:: Required work ::
Restate word for word the lines of the entries below, starting with the line that holds "UNION 1332 Rim Lock" and ending with the line that holds "SS/AB/AC/PB", and no others.

━━━ Given information

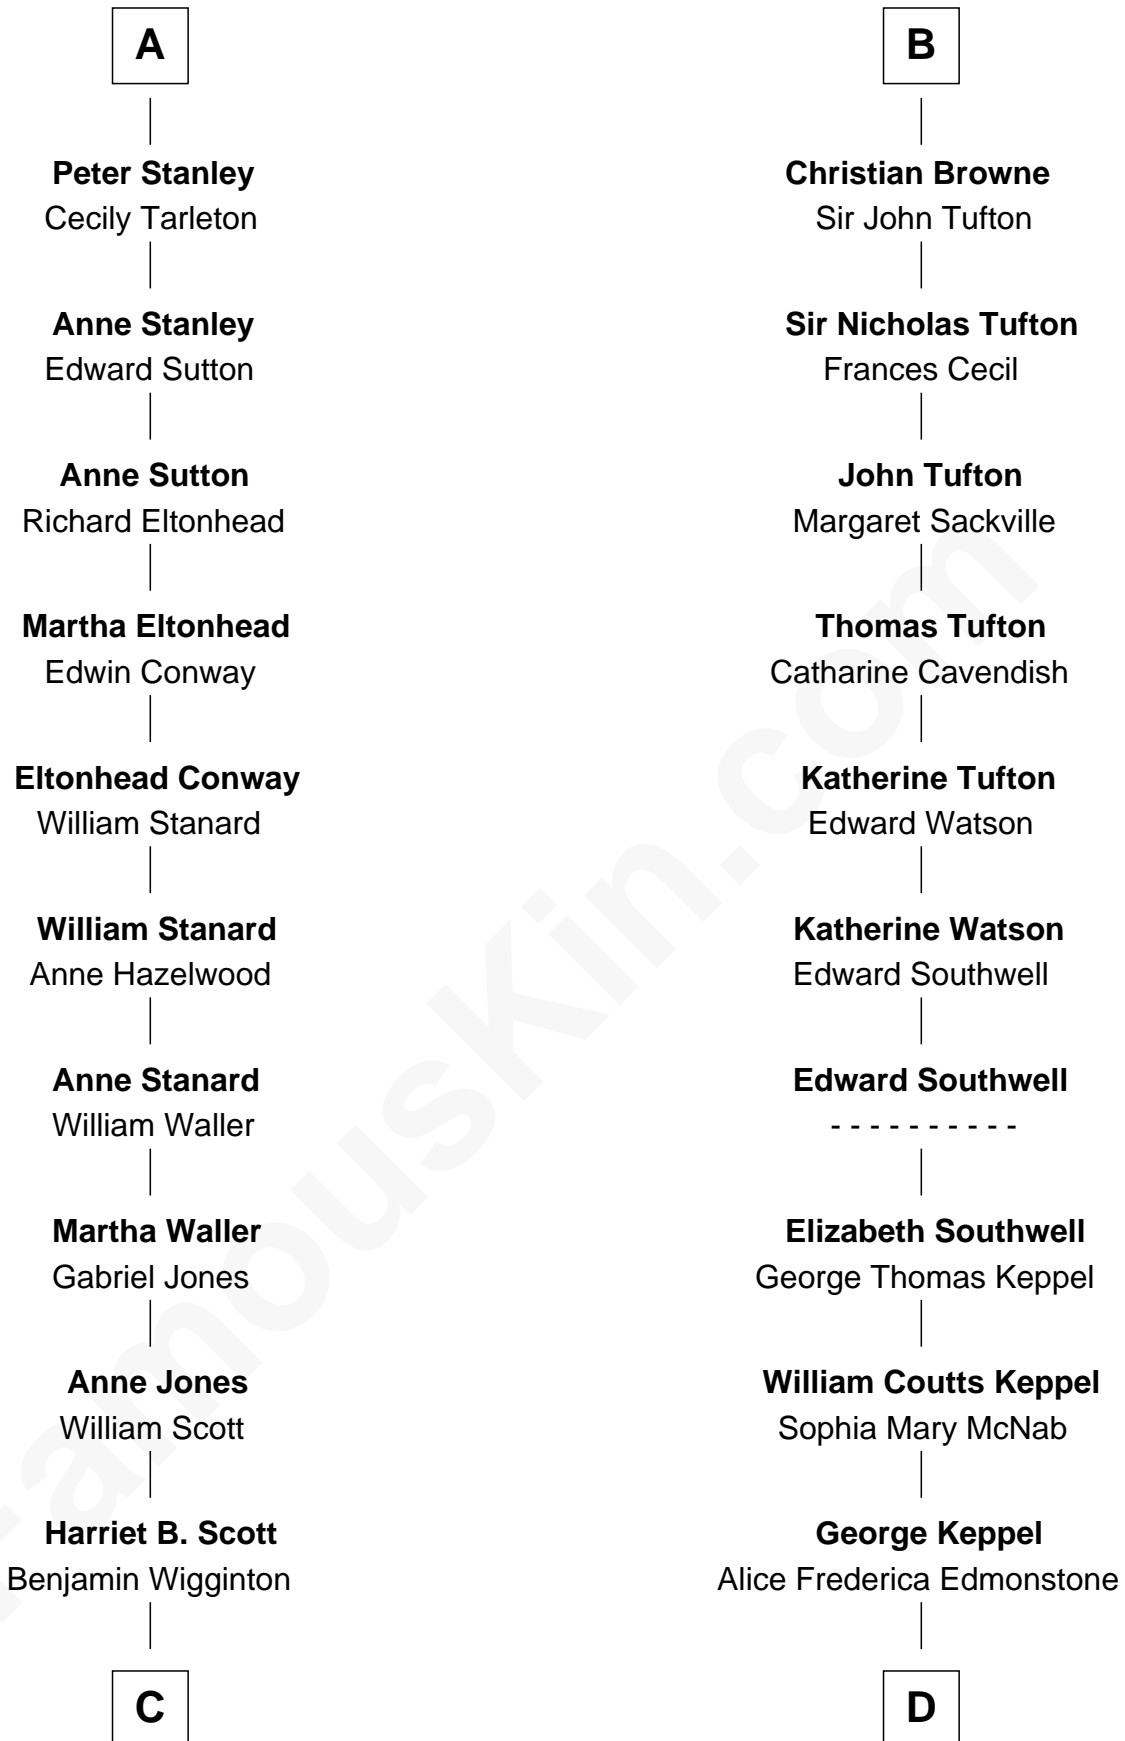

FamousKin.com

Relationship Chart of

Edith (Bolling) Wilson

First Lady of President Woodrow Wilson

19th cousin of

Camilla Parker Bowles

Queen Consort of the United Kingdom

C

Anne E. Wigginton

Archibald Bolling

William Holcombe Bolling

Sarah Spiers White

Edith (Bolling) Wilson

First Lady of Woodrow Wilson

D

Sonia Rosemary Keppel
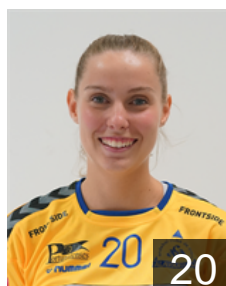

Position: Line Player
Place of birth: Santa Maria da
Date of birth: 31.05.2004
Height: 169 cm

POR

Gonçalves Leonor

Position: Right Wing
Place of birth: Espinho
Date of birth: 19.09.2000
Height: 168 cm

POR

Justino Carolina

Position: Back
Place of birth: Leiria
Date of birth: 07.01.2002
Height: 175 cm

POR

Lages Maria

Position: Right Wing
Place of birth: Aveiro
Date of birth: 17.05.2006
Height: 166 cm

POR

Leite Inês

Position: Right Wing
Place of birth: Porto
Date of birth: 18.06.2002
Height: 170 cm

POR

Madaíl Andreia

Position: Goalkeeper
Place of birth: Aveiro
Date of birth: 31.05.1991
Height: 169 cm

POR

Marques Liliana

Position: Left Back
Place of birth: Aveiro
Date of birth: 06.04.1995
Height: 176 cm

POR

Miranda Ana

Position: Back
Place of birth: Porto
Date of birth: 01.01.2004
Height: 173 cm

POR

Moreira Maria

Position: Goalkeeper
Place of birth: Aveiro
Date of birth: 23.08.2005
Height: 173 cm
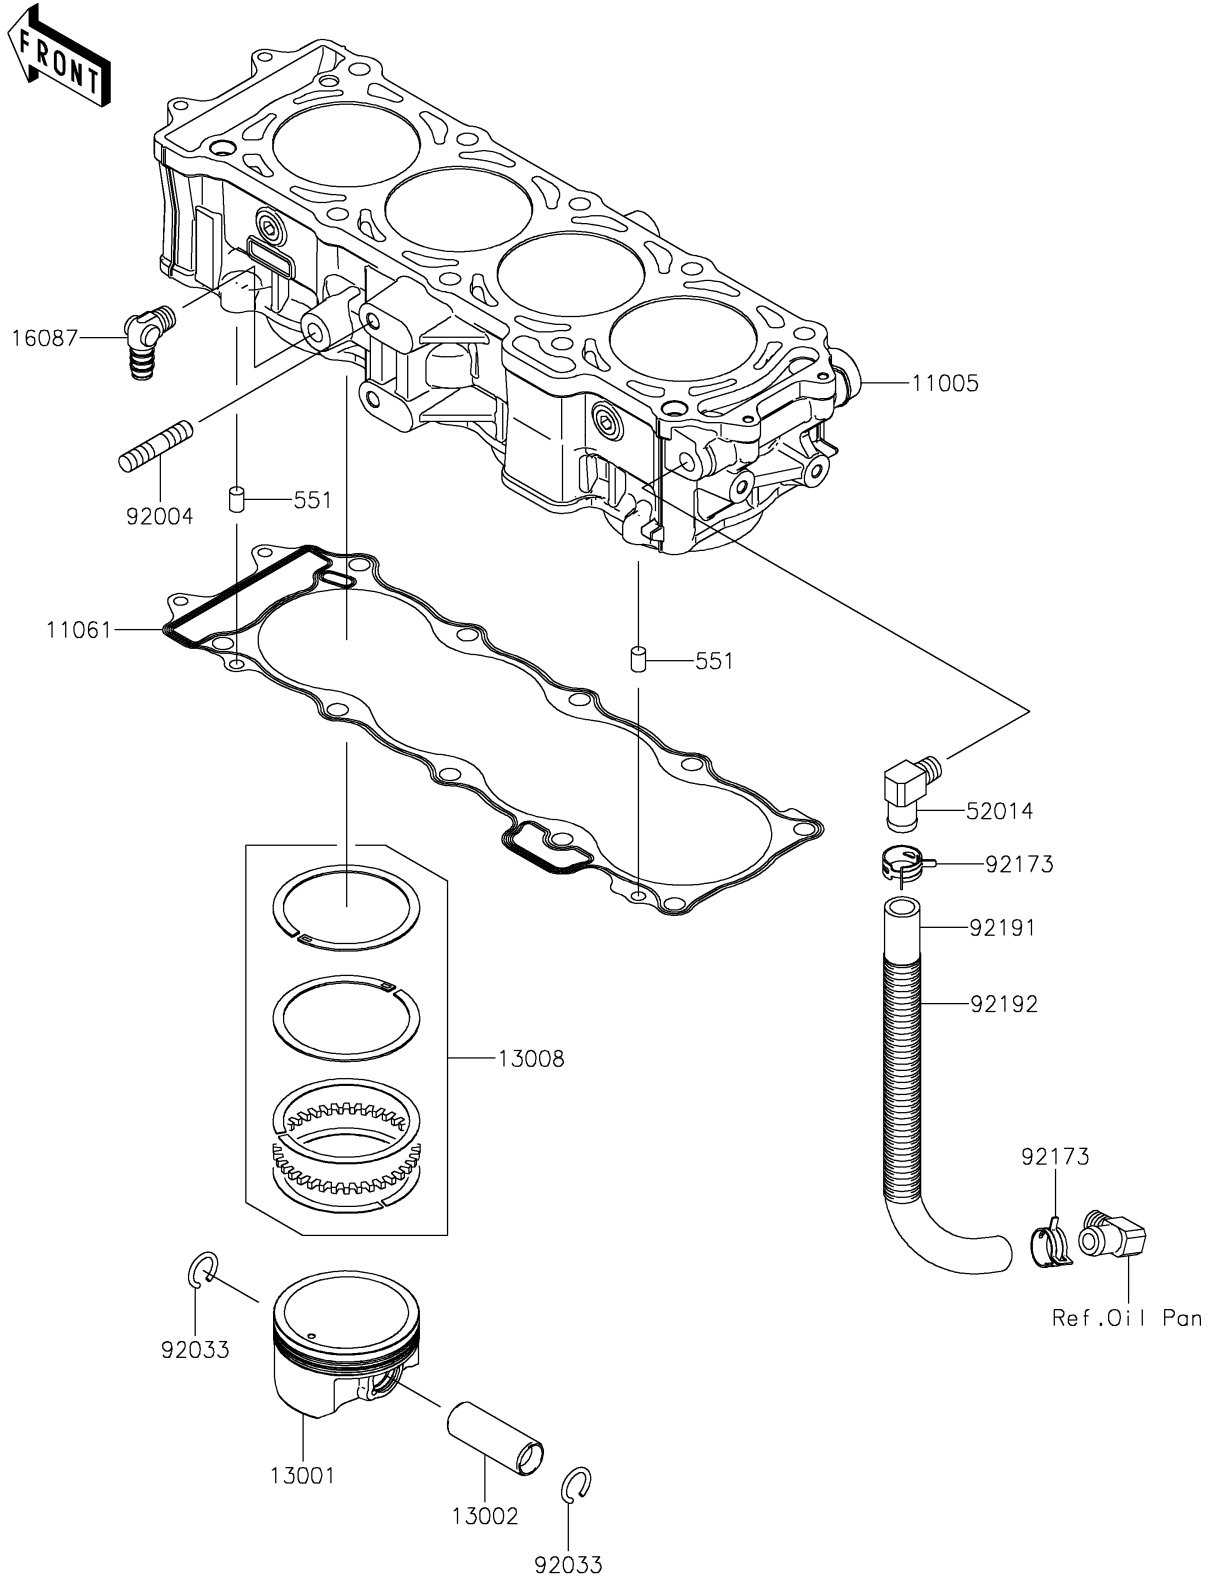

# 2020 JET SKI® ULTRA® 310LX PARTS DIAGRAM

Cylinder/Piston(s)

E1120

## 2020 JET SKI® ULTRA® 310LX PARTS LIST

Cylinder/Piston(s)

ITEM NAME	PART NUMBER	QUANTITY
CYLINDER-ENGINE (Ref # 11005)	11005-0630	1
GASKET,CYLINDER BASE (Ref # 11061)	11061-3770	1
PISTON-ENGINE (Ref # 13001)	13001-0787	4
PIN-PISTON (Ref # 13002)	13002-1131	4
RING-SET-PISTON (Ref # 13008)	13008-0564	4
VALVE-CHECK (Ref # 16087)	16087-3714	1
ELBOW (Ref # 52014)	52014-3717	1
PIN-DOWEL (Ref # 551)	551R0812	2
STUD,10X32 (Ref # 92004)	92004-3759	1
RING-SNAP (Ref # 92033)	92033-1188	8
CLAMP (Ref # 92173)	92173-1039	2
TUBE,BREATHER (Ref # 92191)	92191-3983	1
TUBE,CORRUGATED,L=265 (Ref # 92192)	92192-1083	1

━━━━━━
━━━ Given information

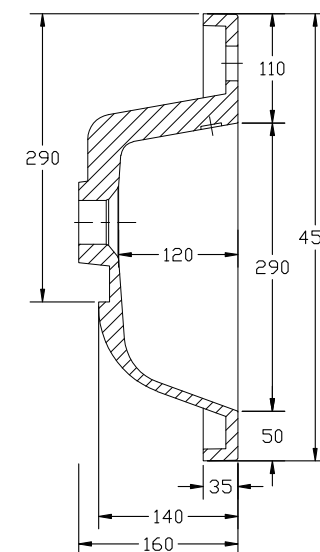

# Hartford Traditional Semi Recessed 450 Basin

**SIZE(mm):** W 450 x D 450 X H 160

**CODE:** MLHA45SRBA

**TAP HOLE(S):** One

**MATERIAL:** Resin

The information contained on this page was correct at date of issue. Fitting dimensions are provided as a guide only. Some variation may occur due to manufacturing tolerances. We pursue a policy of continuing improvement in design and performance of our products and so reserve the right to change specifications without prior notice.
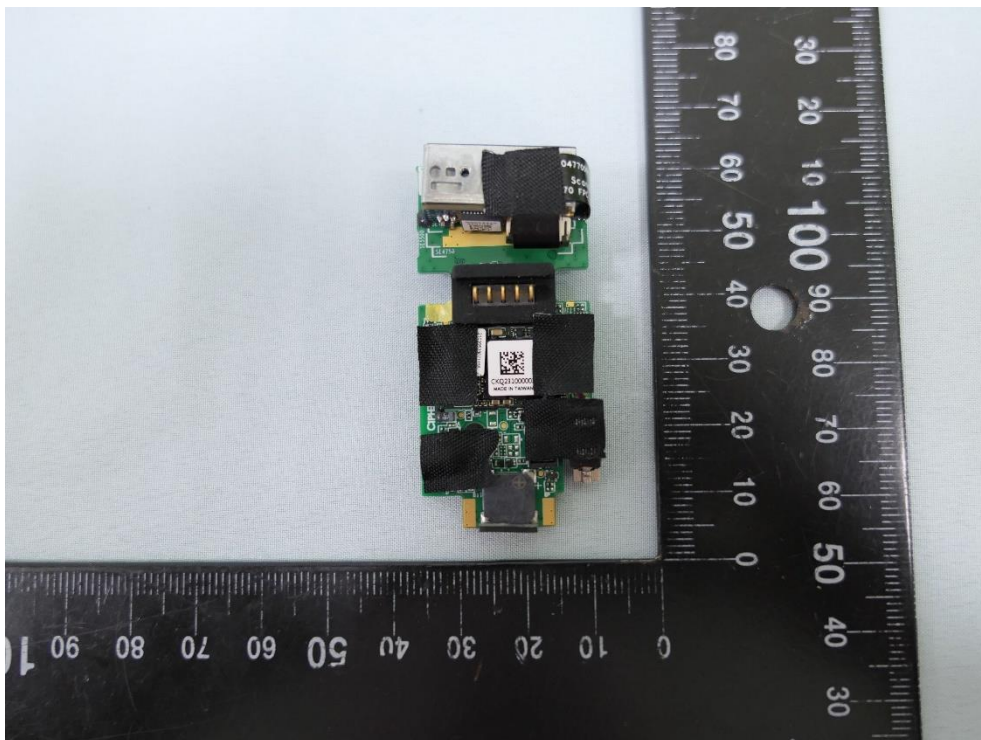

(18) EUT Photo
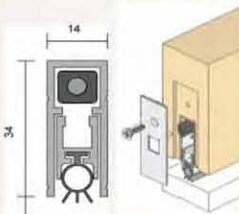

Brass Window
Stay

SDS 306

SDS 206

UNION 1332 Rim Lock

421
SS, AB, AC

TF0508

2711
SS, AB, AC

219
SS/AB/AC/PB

━━━━━━

:: Answer section ::
UNION 1332 Rim Lock

421
SS, AB, AC

TF0508

2711
SS, AB, AC

219
SS/AB/AC/PB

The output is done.